This is a colour piece from todays Nottingham Evening Post and brings into sharp focus the human costs of being sold down the river. Youll get angrier as the piece goes on, and the last quote is a killer...

Read it and weep

[Uploaded to BikeBiz.co.uk on 23rd September]

By Mhairi McFarlane

Once a hive of industry, the assembly lines at Sturmey Archer are now almost deserted

Last week some 300 staff at bicycle gear manufacturers Sturmey Archer were told they no longer had jobs and were given ten minutes’ notice to leave the building.

The closure of the firm has brought nearly a century of Nottingham’s history to an abrupt and bitter end.

Foot steps echo loudly on the concrete factory floor at Sturmey Archer. The din from the factory is usually enough to make coffee cups tremble in nearby offices and people have to shout to be heard over the bang and clatter of machinery.

Now the cavernous building is virtually deserted, silent after 98 years. Tens of thousands of pounds worth of state-of-the-art equipment lies idle, stained aprons hang on their hooks.

A forklift truck has been abandoned halfway across a loading bay and boxes filled with gleaming silver bicycle spokes and springs are left untouched now just so much scrap metal.

Only days ago, the Triumph Road manufacturing plant in Radford was alive.

The shock among the handful of people who remain in the ghostly surroundings is palpable.

They work quietly to complete their final tasks customers still have outstanding orders which must be met.

But their colleagues are absent and the mood is grim. The executioner’s axe fell with devastating speed for the employees at Sturmey Archer many of whom had spent decades with the firm.

Last Friday afternoon, the entire workforce was called to an urgent meeting among the assembly lines.

Managers broke the news they themselves had heard only half-an-hour earlier: the company was insolvent… all jobs would be lost.

The closure was immediate workers were given ten minutes to clear out.

One employee, who did not wish to be named, remembers the reaction. "Disbelief, horror, anger, hatred… I would imagine they went through every negative emotion you can have in just a few moments."

There were shouts and open displays of grief as staff realised they would be left without a job or redundancy money.

Machines were smashed as some furious workers momentarily lost control. A set of keys to one of the trucks was thrown down a drain.

The suddenness of the announcement contrasted sharply with the optimism and commotion which had preceded it, as those same workers prepared to shift production to new sites in Basford and Calverton.

The relocation was to have been part of a rescue package by new owners Lenark.

It bought Sturmey Archer from Derby Cycle Corporation, which also owns Raleigh, for a nominal fee of less than £50, debts and all.
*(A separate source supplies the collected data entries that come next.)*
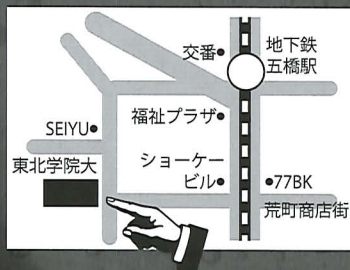

2016.11.26 日
 開場30分マエ

start 14:00 ① start 19:00 ②

start 11:00 ③ start 15:00 ④

2016.11.27 日

Quarter Studio クォータースタジオ
 〒980-0022 宮城県仙台市青葉区五橋 2-9-10 アラキビル B1F

チケットご予約フォーム
<https://www.quartet-online.net/ticket/karanonaka>
 お問い合わせ
 yoimatikageki@yahoo.co.jp
 080-5840-0787 (制作)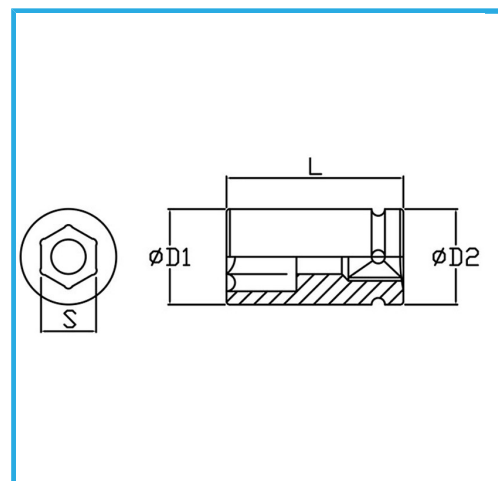

€4,24

Misura	9 mm
D1	16 mm
D2	24 mm
Lunghezza	38 mm
Peso lordo	0,08 kg
Codice EAN	8012667271695

Fosfatata

1/2"

Cr-Mo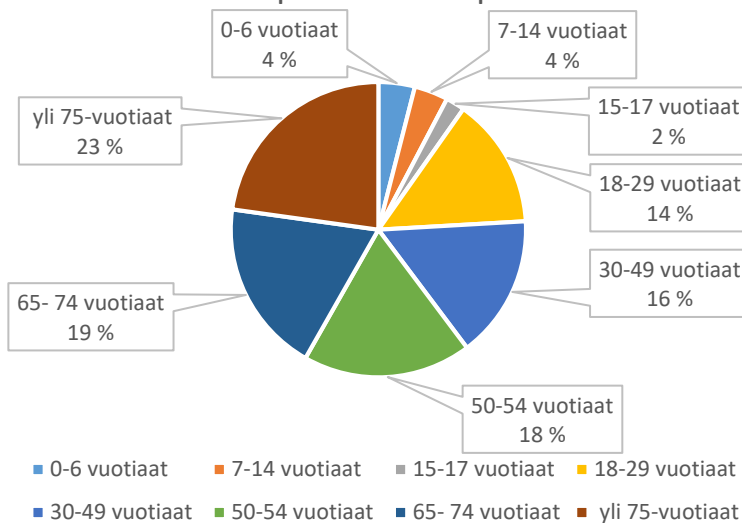

Kankaanpolun leikkipaikka

Kappelikadun leikkikenttä

Kasakkakallion leikkikenttä

Katajamäen leikkipaikka

Kauniskankaantien leikkipaikka

Kaupungin puutarhapiiston leikkipaikka

Kehräkujan leikkipaikka

Keihäskujan leikkipaikka

Keksipuiston leikkikenttä

Keskuspuiston leikkipaikka

Kesontien leikkipaikka

Kiiskipuiston leikkipaikka

Killingintien leikkipuisto

Kilokujan leikkipaikka

Kirkkopuiston leikkipaikka

Kisakentän leikkikenttä

Kiurunkujan leikkipuisto

Koivukalliontien leikkipaikka

Koivurannan leikkipaikka

Koivusaaren leikkipaikka

Kojumäenkierron leikkipaikka

Kolarinmäen leikkipaikka

Kukkuraisenpolun leikkipaikka

Kukkuramäen leikkipaikka

Kumparetien leikkikenttä

Kumputien leikkipaikka

Kuovin leikkipuisto

Kurkimäen leikkikenttä

Kyllikinraitin leikkipaikka

Kymenraitin leikkikenttä

Kytöahon leikkipaikka

■ 0-6 vuotiaat ■ 7-14 vuotiaat ■ 15-17 vuotiaat ■ 18-29 vuotiaat
■ 30-49 vuotiaat ■ 50-54 vuotiaat ■ 65-74 vuotiaat ■ yli 75-vuotiaat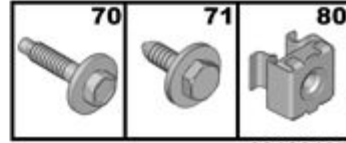

00103195

23 96 867 793 80
REACH 01 КАРКАС БАМПЕРА
INF

24 98 102 839 XT
REACH 01 КАРКАС БАМПЕРА
SUPERIEUR

25 16 134 235 80
REACH 01 КОМПЛЕКТ КРЕПЕЖНЫХ БОЛТОВ

26 16 134 164 80
REACH 01 КОЛПЧОК ЖИКЛЕРА ОМЫВАТ ФАР

27 16 134 234 80
REACH 01 КОМП ОПОР ДАТЧ ПРИБЛИЖ ПРЕПЯТ

28 16 134 233 80
REACH 01 ОПОРА ЖИКЛЕРА

03/2021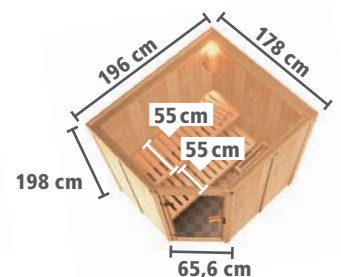

Zeichnung und
Maße ohne Dachkranz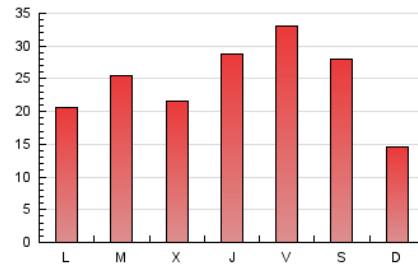

Pàgines (x 100)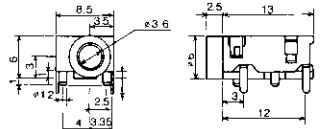

2-CONDUCTOR MINIATURE JACK FOR P.C.B

MONO

No.MJ-2235 (3.5 -2極)

2-CONDUCTOR MINIATURE JACK FOR P.C.B

MONO

No.MJ-354A0 (3.5 -2極)

2-CONDUCTOR MINIATURE JACK FOR P.C.B

MONO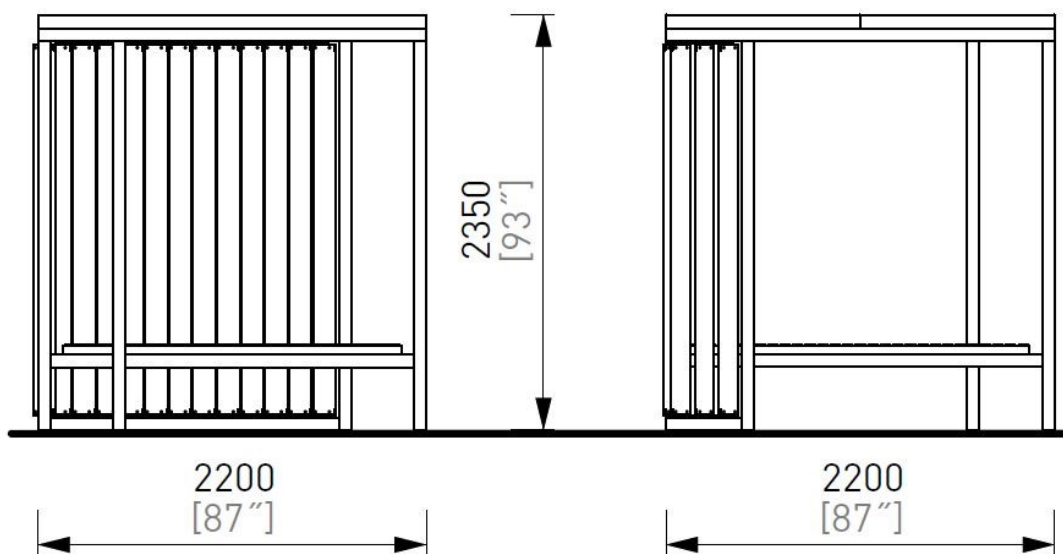

## Description

**Structure** : en acier.

**Toiture** : toit végétalisable.

**Finition** : thermolaquage

**Dimensions** : hauteur 2350mm, largeur 2200 mm, longueur 2200 mm.

**Équipement** : banc et chaise pivotante Port et table Pixel en acier.

# Cuby

Meet

Surface couverte 4,84 m<sup>2</sup> (2,2×2,2 m)

- Toiture  Toit végétal
- Parois  Stores en bois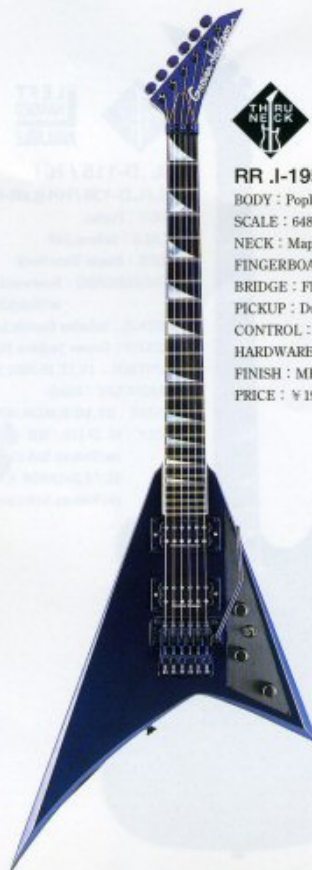

5.Concord Head

このシルエットは Grover Jackson® Guitarsが原点。独特のヘッド形状はGrover Jackson®のオリジナルです。*Concord Headの商標は第2150759号の登録商標です。

RR .S-350 (SB)

RR .S-350
 BODY : Flame Maple/Mahogany/Flame Maple(3ply)
 SCALE : 648mm,22F
 NECK : Mahogany Thru-Neck
 FINGERBOARD : Ebony w/Sharkfin Inlay
 BRIDGE : Floyd Rose Original
 PICKUP : Duncan APH-1n,Duncan TB-5
 CONTROL : 2V,1T,3Way Toggle Switch
 HARDWARE : Gold
 FINISH : SP,SB,SG
 PRICE : ¥ 350,000(w/Original Tour Case)

RR .I-195
 BODY : Poplar
 SCALE : 648mm,24F
 NECK : Maple Thru-Neck
 FINGERBOARD : Ebony w/Sharkfin Inlay
 BRIDGE : Floyd Rose Original
 PICKUP : Duncan SH-4,Duncan TB-5
 CONTROL : 2V,1T,3Way Toggle Switch
 HARDWARE : Black
 FINISH : MPB-BK,MFP-BK,MMG-BK
 PRICE : ¥ 195,000(w/Hard Case)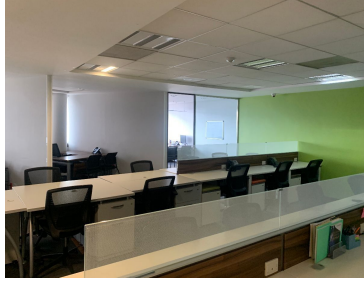

¡ENCONTRAMOS EL LUGAR PERFECTO PARA TI!

www.pinmx.com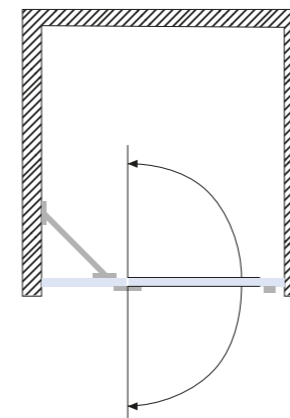

KLARGLAS

NISCHENDUSCHEN

Nischenduschen mit Drehtüren sind insbesondere für **kleine Bäder** geeignet. Die Duschverglasung ist je nach Bandausrichtung, z.B. Pendeltürband, nach **innen und außen zu öffnen**.

Je nach Duschmodell ist die gesamte Nischenbreite für den **bequemen Zugang** nutzbar. Maximaler **Komfort auf kleinstem Raum** ist somit realisierbar.

TYP ND 5030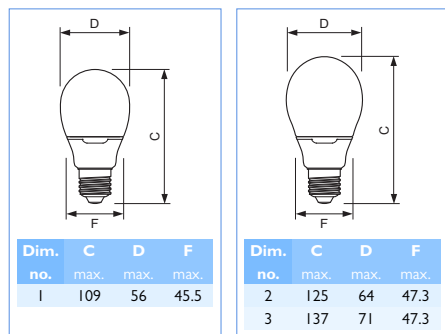

Softone 220-240V E27

Wattage/Colour Code	Bulb	Colour Rendering Index (R _a)	Rated Luminous Flux (lm)	Rated Lifetime (hours)	Switching cycle	Dim. no.	Packing type/ Packing configuration	Ordering number 8718291...
5W/827	A55	82	200	10 000	30000X	A	IPF / 6 6	68179300
8W/827	A55	82	400	10 000	30000X	A	IPF / 6 6	68187800
11W/827	A55	82	580	10 000	30000X	A	IPF / 6 6	68206600
11W/865	A55	80	530	10 000	30000X	A	IPF / 6 6	68204200
15W/827	A65	82	810	10 000	30000X	A	IPF / 6 6	68264600
15W/865	A65	80	780	10 000	30000X	A	IPF / 6 6	68262200
18W/827	A70	82	1 050	10 000	30000X	A	IPF / 6 6	68278300
18W/865	A70	80	975	10 000	30000X	A	IPF / 6 6	68276900

Derby Cycle Corporation had previously sold the land in Triumph Road to the University of Nottingham, making a move inevitable.

But the vision for the future never materialised and there is a strong sense of betrayal that the responsibility for so many livelihoods changed hands for so little.

Alan Ettles, 49, is one of the managers who is still coming in to help finish up. He has 13 years of loyal service behind him.

Like many, he says the attitude to the upheaval in recent weeks had been defiantly positive.

Rates of production had gone up by 20 and 30% as the workers galvanised themselves for change.

Alan said: "Times were tight but we were fighting our way out.

"Everyone has been working very, very hard to improve manufacturing performance on the carrot’ of a future for Sturmey Archer… to see that blown away now is doubly frustrating."

At the back of the stairwell near the reception, there is a bare flagpole where the Sturmey Archer logo once hung alongside the Union Jack. Alan explains: "I moved it and took it to Calverton, I thought it would be a nice gesture.

"Seems sad now, doesn’t it? Almost pathetic." He shakes his head. Alan has grown-up daughters to support through college, but will have no source of income when he walks through the factory gates for the last time.

On the day the firm folded, Roger Airey, director of operations, marked an anniversary of 31 years with Sturmey Archer.

He admits: "I have no idea what I’m doing after this. At the moment I’m just working long hours to see what we can salvage, to keep customers. I’m tired.

"It’s a surreal situation. People keep saying, this isn’t like the real world. You just hear about things like this happening."

The sense of loss is everywhere. One man working alone at a lathe says his workmates were like family to him and he wants to get finished and go as soon as possible.

Others wandering around the empty factory don’t know where else to go.

The lucky ones will find a wage in another part of the industry, but many are middle-aged and frightened by the prospect of hunting for work.

Fazal Khan, 51, who has four children, has worked as a toolsetter for the last 13 years.

"300 lives have been ruined here. We have given blood and sweat and yet we are being treated like this.

"No one has apologised. No one wants to listen to us."

Another employee, who says it feels like the end of an era, said: "It’s not just sad for Sturmey Archer, or for Nottingham, it’s sad for the bicycle industry as a whole. We were truly UK-based. We don’t buy foreign parts and stick them together. We made things here."